**Task to complete:** Please copy, with no word changed, only the run of lines that opens with the line containing "Avg. Stride Freq." and closes with the last line below.
(The data)
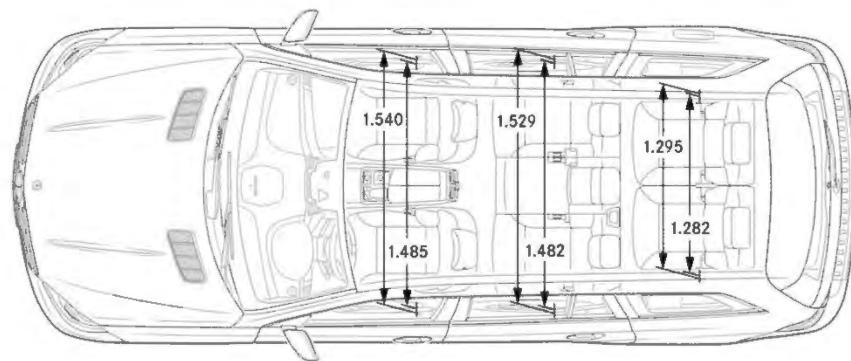

Specifications* – GLS 450 4M
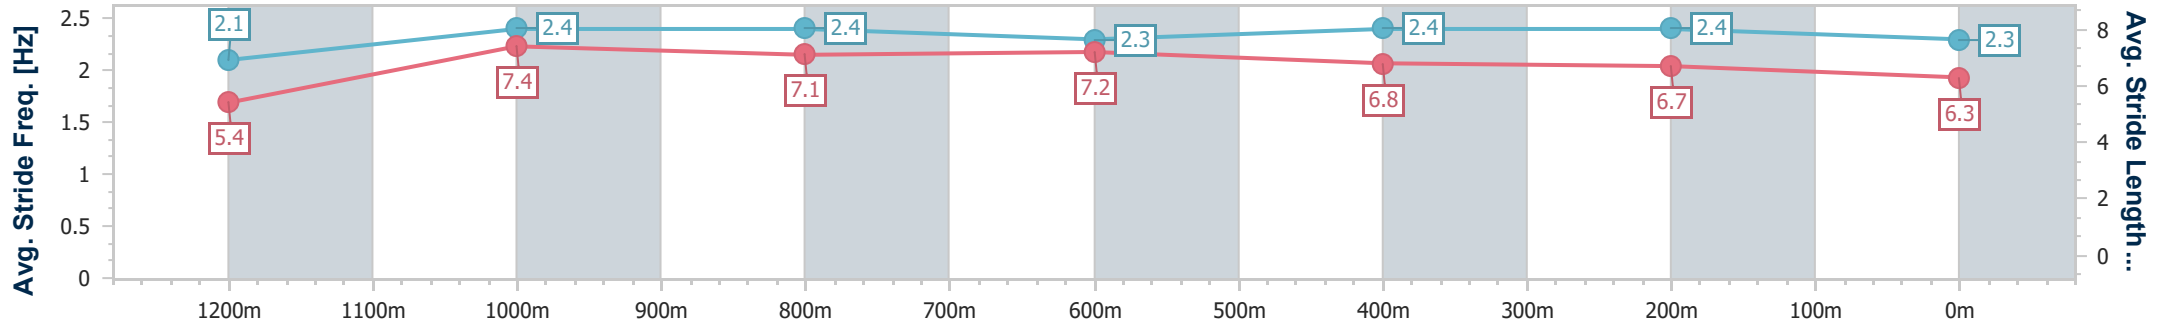

- [] Ranking at each section and finish
- .-.- No data available at this section
- NA No data available

Horse/Jockey Name	Above The World
Final Rank	6
Fastest Section Time (Section)	0:08.94 (Overall)
Top Speed [km/h] (Section)	63.2 (1200m)
Race State	Finished

Toowoomba QLD Professional
Race 2: TTC MEMBER DAVID ROBINSON Class 1 Handicap - 1300m

01 June 2024 - 17:15

Track Rating: Soft 6, Weather: Showers, Rail Position: +5m Entire

Section	Overall	1200m	1000m	800m	600m	400m	200m
Section Times	1:23.50 [6] (0:08.94)	1:14.56 [5] (0:11.50)	1:03.06 [6] (0:12.05)	0:51.01 [7] (0:11.97)	0:39.04 [7] (0:12.43)	0:26.61 [6] (0:12.85)	0:13.76 [6] (0:13.76)
Average Speed [km/h]	40.4	62.7	60.7	60.6	58.8	56.8	52.1
Top Speed [km/h]	61.6	63.2	62.0	62.1	60.2	58.3	54.6
Avg. Dist. to Rail [m]	5.6	3.8	3.6	2.5	3.0	4.0	2.1
Avg. Stride Freq. [Hz]	2.1	2.4	2.4	2.3	2.4	2.4	2.3
Avg. Stride Length [m]	5.4	7.4	7.1	7.2	6.8	6.7	6.3
(End The data)
**Result of the task:**
Avg. Stride Freq. [Hz]	2.1	2.4	2.4	2.3	2.4	2.4	2.3
Avg. Stride Length [m]	5.4	7.4	7.1	7.2	6.8	6.7	6.3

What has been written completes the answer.